------ EXERCISE INPUT ------

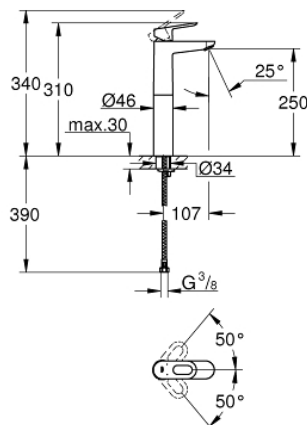

23 764 000 **BAULoop SINGLE-LEVER BASIN MIXER 1/2"**
XL-SIZE

PRODUCT DESCRIPTION

- Colour: chrome
- for free-standing basins
- GROHE Long-Life 28 mm ceramic cartridge
- GROHE Long-Life finish
- GROHE Water Saving - Less water, perfect flow
- maximum flow rate (at 3 bar): 5 l/min
- rapid installation system
- smooth body
- flexible connection hoses

23 764 000 **BAULOOP SINGLE-LEVER BASIN MIXER 1/2"**
XL-SIZE

SPARE PARTS, May 2016 – now

- 1: Lever (Spare part-nr. 46695000)
 - 2: Fitting ring (Spare part-nr. 46715000)
 - 3: Cartridge (Spare part-nr. 46580000)
 - 4: Mousseur (Spare part-nr. 48159000)
 - 5: Shank mounting kit (Spare part-nr. 46249000)
 - 6: Mounting wrench (Spare part-nr. 19017000)*
- * Optional accessories
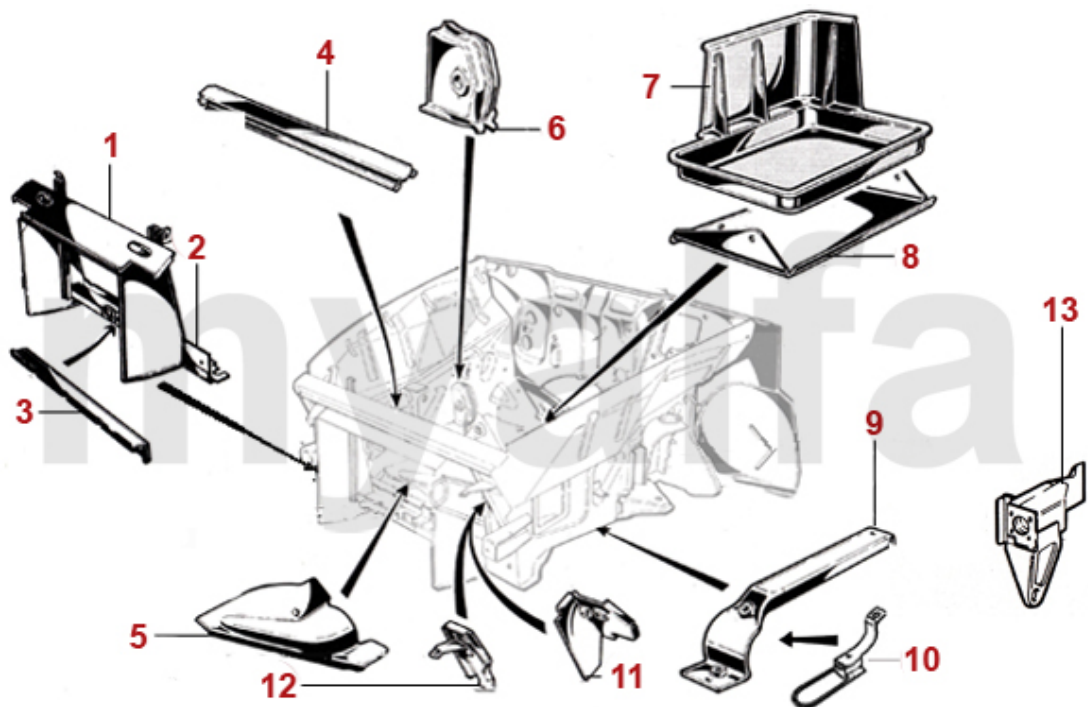

1	1190540	RADIATOR FRAME SPIDER	SEK3,323.06
2	1112210	RADIATOR CROSS-MEMBER 1968-93 FRONT PART	SEK641.30
3	1110600	RADIATOR CROSS-MEMBER 1968-93 REAR PART	SEK757.85
4	1112240	UPPER TRANSVERSE PANEL SPIDER	SEK757.85
5	1190661	FLITCH PANEL LEFT	SEK1,270.95
5	1190662	FLITCH PANEL RIGHT	SEK1,270.95
6	5410680	TOP SUSPENSION ARM INNER MOUNT	SEK777.69
7	1190250	BATTERY TRAY PLASTIC CARBURETTOR MODELS	SEK425.55
8	1190690	BATTERY SUPPORT PANEL	SEK528.22
9	1191551	FRONT ANTI-ROLL BAR MOUNTING BRACKET LEFT	SEK465.23
9	1191552	FRONT ANTI-ROLL BAR MOUNTING BRACKET RIGHT	SEK465.23
10	1311050	FRONT TOW HOOK	SEK756.74
11	1190652	SHUT PANEL REAR RIGHT	SEK758.27
11	1190651	SHUT PANEL REAR LEFT	SEK758.27
12	1190641	SHUT PANEL FRONT LEFT	SEK542.24
12	1190642	SHUT PANEL FRONT RIGHT	SEK542.24
13	1311851	BUMPER SUPPORT SPIDER 1983-93 FRONT LEFT	On request
13	1311852	BUMPER SUPPORT SPIDER 1983-93 FRONT RIGHT	On request
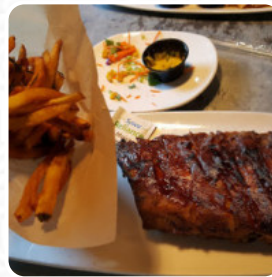

Here you can find the [menu](#) of **Art City Trolley In Spr** in gville. At the moment, there are **15** meals and drinks on the card. You can inquire about *changing offers* via phone.
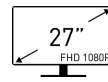

msi

BUSINESS PRODUCTIVITY MONITOR

Modern MD271CP

BE YOUR WINDOW TO THE WORLD

SPECIFICATIONS

PANEL SIZE	27"
PANEL RESOLUTION	1920 x 1080 (FHD)
REFRESH RATE	75Hz
RESPONSE TIME	4ms (GTG Min.)
PANEL TYPE	VA
BRIGHTNESS (NITS)	250 cd/m2
VIEWING ANGLE	178°(H) / 178°(V)
ASPECT RATIO	16:9
CONTRAST RATIO	3000:1
sRGB	102% (CIE 1976)
ACTIVE DISPLAY AREA (MM)	597.888(H) X 336.312(V)
PIXEL PITCH (H X V)	0.3114(H) X 0.3114(V)
SURFACE TREATMENT	Anti-glare
DISPLAY COLORS	16.7M
COLOR BIT	8 bits
VIDEO PORTS	1x HDMI (1.4b) □ 1x Type C (DisplayPort Alternate)
AUDIO PORTS	1x Headphone-out
KENSINGTON LOCK	Yes
SPEAKER	2x 1W
VESA MOUNTING	75 x 75 mm
POWER TYPE	External Adaptor (19V 3.42A)
POWER INPUT	100~240V, 50~60Hz
ADJUSTMENT (TILT)	-5° ~ 20°
ADJUSTMENT (SWIVEL)	-30° ~ 30°
ADJUSTMENT (HEIGHT)	0 ~ 110mm
DIMENSION (W X H X D)	611.5 x 250 x 533.7 mm (24.07 x 9.84 x 21.01 inch)
CARTON DIMENSION (W X H X D)	720 x 212 x 466 mm (28.35 x 8.35 x 18.2735 inch)
WEIGHT (NW / GW)	6.13 kg (13.51 lbs) / 8.1 kg (17.86 lbs)
Compatibility	PC, Mac, PS5™, PS4™, Xbox, Mobile, Notebook * All trademarks and the registered trademarks are the property of their respective owners.
Note	HDMI: 1920 x 1080 (Up to 75Hz) □ Type-C: 1920 x 1080 (Up to 75Hz)

FEATURES

Curved 1500R

Bring an immersive & comfortable viewing experience to eliminate distortion and cover a wider field of view

27" FHD 1080P

View your applications, spreadsheets and more with a perfect 27 inches screen with a breathtaking viewing experience that comes with Full HD resolution
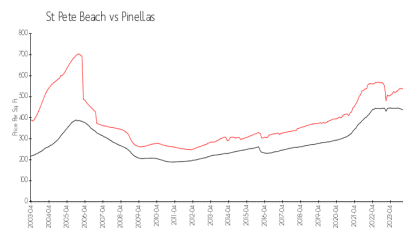

## Market Information

Yacht & Tennis Club - \$553/sq. ft.  
 Courageous:  
 St Pete Beach: \$584/sq. ft.

St Pete Beach: \$584/sq. ft.  
 Pinellas: \$419/sq. ft.
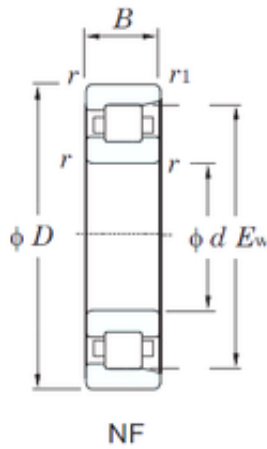

NTN Bearing Rolamentos do Brasil Ltda.

140 mm x 250 mm x 42 mm KOYO NF228 Cylindrical Roller Bearings

Bearing No. NF228

Size	140x250x42 mm
Bore Diameter	140 mm
Outer Diameter	250 mm
Width	42 mm
d	140 mm
D	250 mm
Ew	221 mm
B	42 mm
C	42 mm
r min.	3 mm
r1 min.	3 mm
Weight	8.27 Kg
Basic dynamic load rating (C)	324 kN
Basic static load rating (C0)	421 kN
(Grease) Lubrication Speed	2400 r/min
Bearing No.	NF228
r(min)	3
r1(min)	3
Cr	406
C0r	421
Cu	55.5
Grease lub.	2400
Oil lub.	2900
Fw	-
d1	-

NF228 Bearing 2D drawings and 3D CAD models

NTN Bearing Rolamentos do Brasil Ltda.

B1	-
B2	-
da(min)	153
db(min)	-
db(max)	-
dc(min)	-
dd(min)	-
Da(max)	-
Db(max)	237
Db(min)	228
ra(max)	2.5
rb(max)	2.5
(Refer.)Mass(kg)	8.32
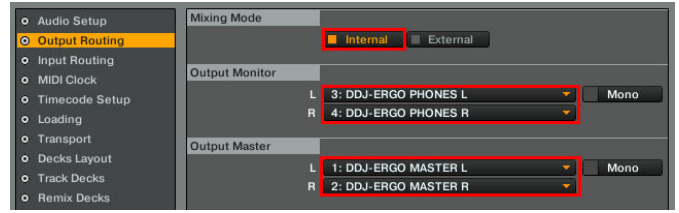

(2) Output Routing

- Mixing Mode : **Internal**
- Output Monitor :
  L **3:DDJ-ERGO PHONE L**
  R **4:DDJ-ERGO PHONE R**
- Output Master :
  L **1:DDJ-ERGO MASTER L**
  R **2:DDJ-ERGO MASTER R**

(3) Input Routing

* For those who do not use external input (AUX/MIC), the following setup is not needed.

- Input Aux
  L(Mono) **1:DDJ-ERGO AUX/MIC L**
  R **2:DDJ-ERGO AUX/MIC R**
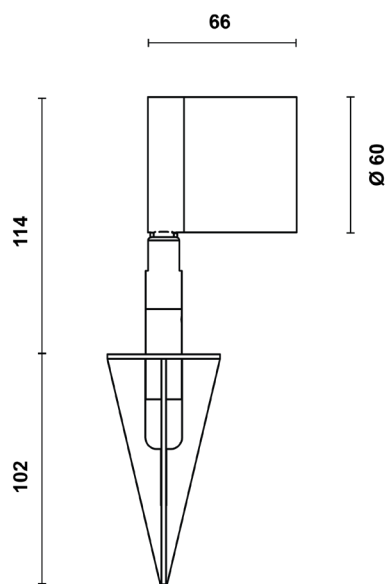

FAROSPIKE.AN.6.927

IP67

IK08

Product Information

Super compact LED luminaire for the enhancement of landscape and architectural details through refined accent lighting effects.

Installation	In-ground with 100mm spike
Size / Weight	Ø60 66x216 mm / 0.7 Kg
Colour	Anthracite RAL7016 / Brass swivel
Body Material	A2 stainless steel with Brass swivel
Screen Material	Tempered glass
Fixing Position	Full orientation capability
Warranty	5 year warranty

Technical Data

Light Source	LED
CCT (K) / CRI	2700K / 80 CRI (90 on request)
Luminous Efficacy	64lm/W
Delivered Lumen	192lm
Beam Angle	6° (ultra spot)
Power Consumption	3W
Current	1A
Ingress Protection	IP67
Impact Resistance	IK08
Driver	Remote (to be ordered separately)
Operating temperature	-30°C to 40°C
Rated life	50,000hrs

Accessories (to be ordered separately)

FAROSPIKE.V.AN - FARO SPIKE VISOR ANTHRACITE RAL7016
FAROSPIKE.V.OG - FARO SPIKE VISOR OLIVE GREY RAL7002

FAROSPIKE.HL - FARO SPIKE HONEYCOMB LOUVRE
FAROSPIKE.DRIVER.DALI.USPOT - FARO SPIKE DRIVER DALI 30W IP20
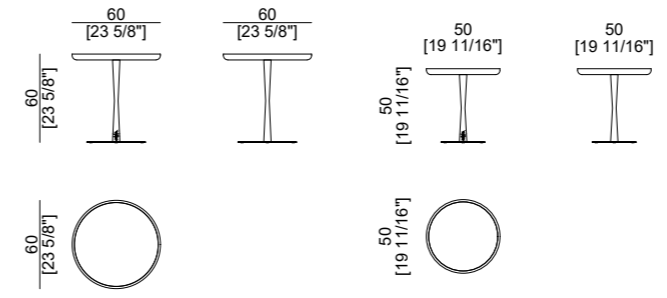

SIZE
Technical Sheet

DISCOVER ALCHYMIA AT
www.alchymia.it
info@alchymia.it
 Viale Brianza 34 - Lentate sul Seveso (MB) - ITALY

JUNO

Table

The Juno table embodies the perfect harmony between material and movement, transforming the stillness of a table into a living, vibrant work of art. Its sculpted base, with flowing and dynamic lines, evokes the perpetual flow of water, while the golden finish captures and reflects light, enhancing its visual depth.
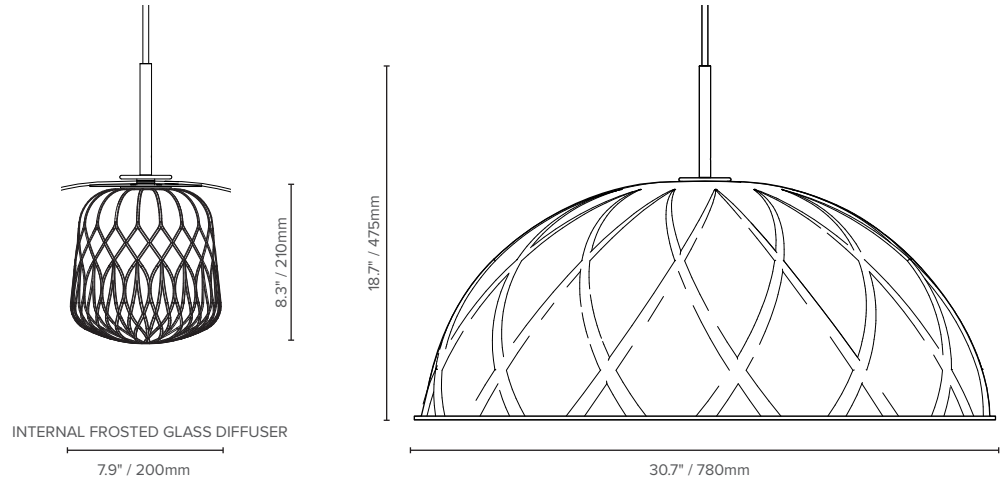

GEORGINA (LX-GE)

TYPE:

KEY FEATURES

- Complete noise-absorbing materials for enhanced acoustics
- Intricate glass diffuser for additional aesthetics
- Subtle raised detailing on thermo-formed light grey PET felt
- A minimalistic design that blends seamlessly into existing design features
- Thermo-formed felt shell manufactured from recycled plastics
- Height adjustable 9' / 3m suspension cables and Black woven power cable
- IES photometric files available

ORDER CODE

EXAMPLE: LX - GE - M - FG - 30 - RD

(Luxxbox Georgina, Medium - 30.7" / 780mm x 475 mm, Silver Grey (SG), 3000K, RD)

LX - GE	SIZE		*SHADE COLOR	COLOR TEMP		DRIVER / DIMMING		DRIVER TYPE	
GE	M	30.7" / 780mm x 475 mm	SG - Silver Grey	30	3000K	UNV	0 - 10V - 1% dimming (120-277V) (North America only)	CD	Canopy concealed driver (UNV/North America only)
				35	3500K				
				40	4000K				
				E26	E26 Lamp holder - 120V AC (North America only)				
				E27	E27 Lamp holder - 220-240V AC (Global)				
						G	1% dimming DSI/DALI (220 - 240V)**	RD	Remote driver (UNV or G)
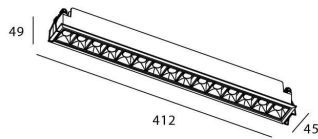

Star

Lavov downlight from the family STAR with a power of 30W and an optics 15 degrees . CCT 3000K. With a total lumen output of 2100lm and a luminous efficiency of 70lm/W.DALI driver. Made in die cast aluminum and finished in Black color. UGR

Item code 86.D029.5313.02

Product type Indoor

Category Downlights

Family STAR

Subfamily Star

Pictograms

Product

Real power (W) 30

Real luminous flux (Lm) 2100

Luminous efficiency (Lm/W) 70

Beam angle (°) 15

Life time (h) 50000 h L80B10

IP 20

Electrical class insulation Clas II

Colour Black

U. G. R UGR<19

Control gear included Yes

Control gear DALI

Flicker Free Yes

Light source LED

Type of LED COB

Colour temperature (K) 3000

Colour consistency (SDCM) SDCM<3

CRI 90

Scheme

Photometry
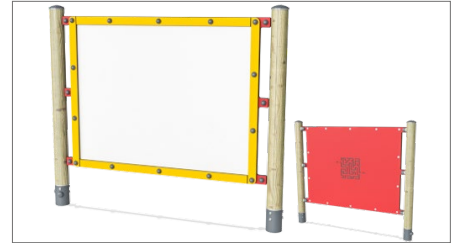

PCM001308

1+ 2-8 max cm I 140 cm 463 x 311 cm 12,3 m² (0,05 | 0) 6

Magnetic White Board
PCM001308-0901
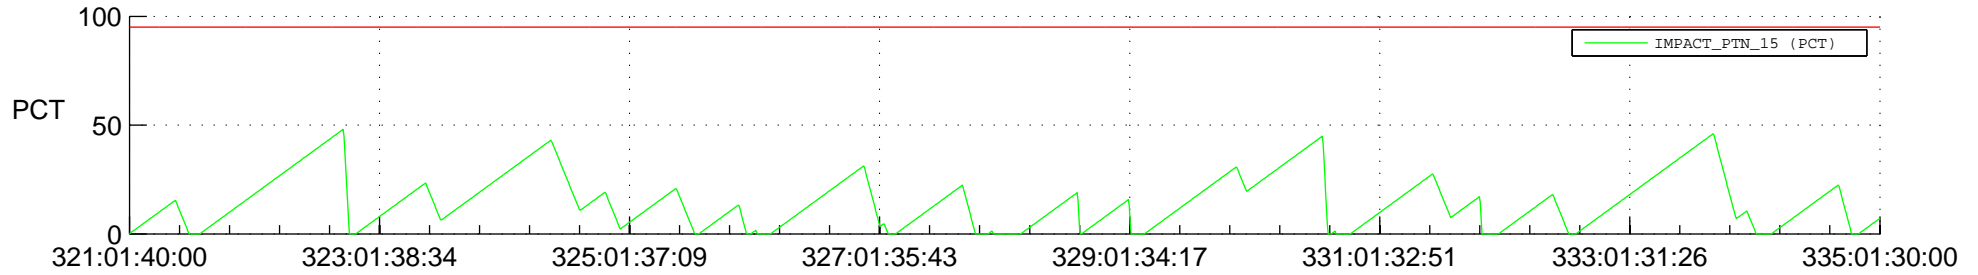

STEREO AHEAD SSR PCT Full Prediction

SWAVES_Percent_Full_Prediction

IMPACT_Percent_Full_Prediction

PLASTIC_Percent_Full_Prediction

Spacecraft_DownLink_Rate

Ground Time (2016:321:01:40:00.000 -2016:335:01:30:00.000)
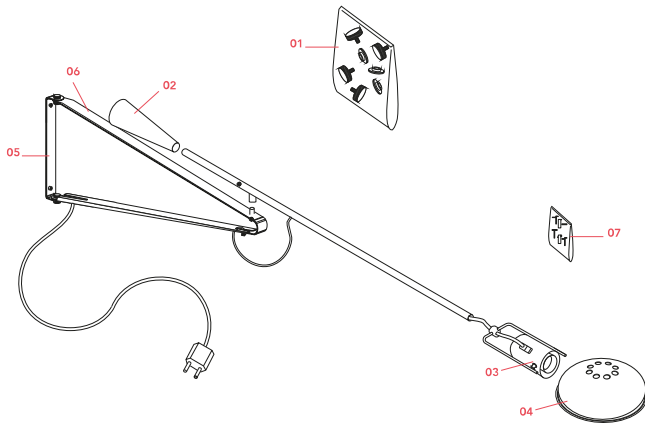

Spare Parts

01.	Screw set for wall attachment	RA0300200
02.	White counterweight	RF01855
03.	White lamp holder with reflector support and electrical cable assembly	RF01395
04.	White reflector	RF00784
05.	White wall attachment	RF02565
06.	White triangle stem support	RF02563
07.	Screws bag group stm3x 3 ce c.10 p	RF11719

DOWNLOAD
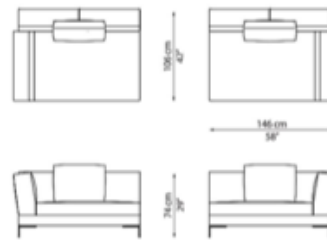

Details

- Material: Fabric or Leather, Metal Legs
- Internal Frame: Beech Wood and marine plywood, webbing.
- Upholstery: Shaped polyurethane, memory foam, polyester cover
- Down Back Cushions
- 3 Back Cushions Included (optional)
- Shown in sofa configuration. Sectional configuration is available.
- See details page for diagrams for sectional options.
- Available in many fabrics / leathers. Please inquire.
- Piping is optional.
- Leg finish customizable. Brass finish standard
- Matching ottoman available.
- COM Yardage: 16.5
- Designed by Bosco Fair in 2016.
- Hand Made in Milan, Italy.

Aquabella Sofa

AQUABELLA SOFA - AQS25
252x106xh74/80cm | 99x42xh29/32in

END 146 - AQEND14L / AQEND14R
146x106xh74/80cm | 58x42xh29/30in

CHAISE LONGUE - AQCH18L / AQCH18R
186x106xh74/80cm | 73x42xh29/30in

PENISOLA 140 - AQPE14L / AQPE14R
138x106xh74/80cm | 54x42xh29/32in

END 186 - AQEND18L / AQEND18R
186x106xh74/80cm | 73x42xh29/30in

ARMCHAIR - AQARM
120x106xh74/80cm | 47x42xh29/32in

SEAT 140 - AQS14
138x106xh74/80cm | 54x42xh29/30in

PENISOLA 180 - AQPE18L / AQPE18R
180x106xh74/80cm | 71x42xh29/32in

POUF 140 - AQPO14
138x100xh40/46cm | 54x39xh16/18in

POUF 100 - AQPO10
100x100xh40/46cm | 39x39xh16/18in

POUF 80 - AQPO80
80x100xh40/46cm | 30x39xh16/18in
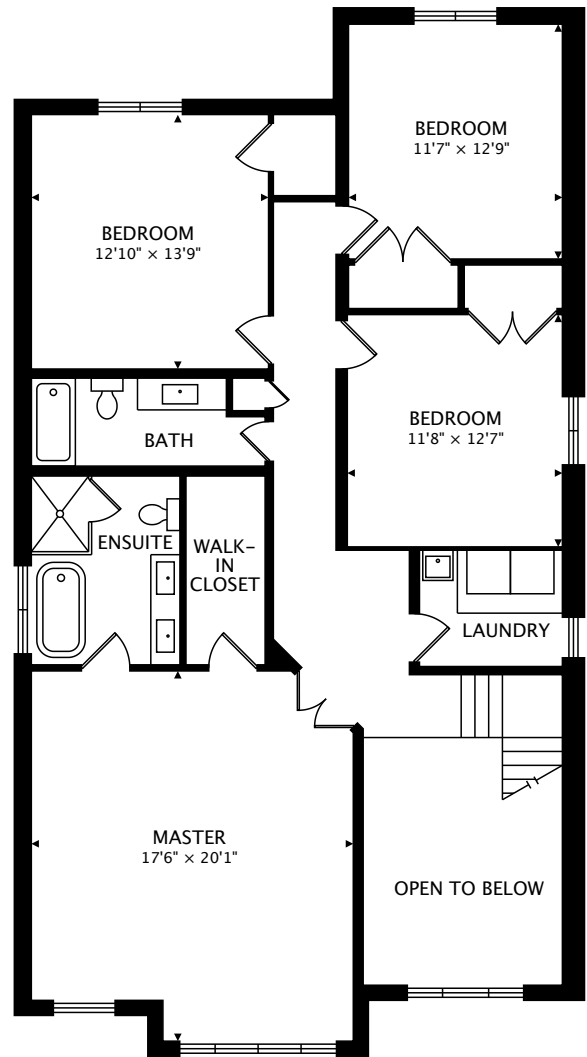

59 SEABREEZE CRESCENT

STONEY CREEK, ON L8E 0A2

MAIN
1257 sq ft

SECOND
1428 sq ft

TOTAL
2686 sq ft + 1247 sq ft BELOW GRADE

CAPTURED ON: 17 JUL 2017
DIMENSIONS, AREAS, LAYOUTS AND DETAILS ARE APPROXIMATE AND SHOULD BE CONSIDERED ILLUSTRATIVE ONLY.

59 SEABREEZE CRESCENT
STONEY CREEK, ON L8E 0A2

LOWER
1247 sq ft BELOW GRADE

TOTAL
2686 sq ft + 1247 sq ft BELOW GRADE

CAPTURED ON: 17 JUL 2017
DIMENSIONS, AREAS, LAYOUTS AND DETAILS ARE APPROXIMATE
AND SHOULD BE CONSIDERED ILLUSTRATIVE ONLY.

------

### TASK GOAL
Copy task for the entries above: every line with the string "SHUT".

### FINISHED EXERCISE
11	1190652	SHUT PANEL REAR RIGHT	SEK758.27
11	1190651	SHUT PANEL REAR LEFT	SEK758.27
12	1190641	SHUT PANEL FRONT LEFT	SEK542.24
12	1190642	SHUT PANEL FRONT RIGHT	SEK542.24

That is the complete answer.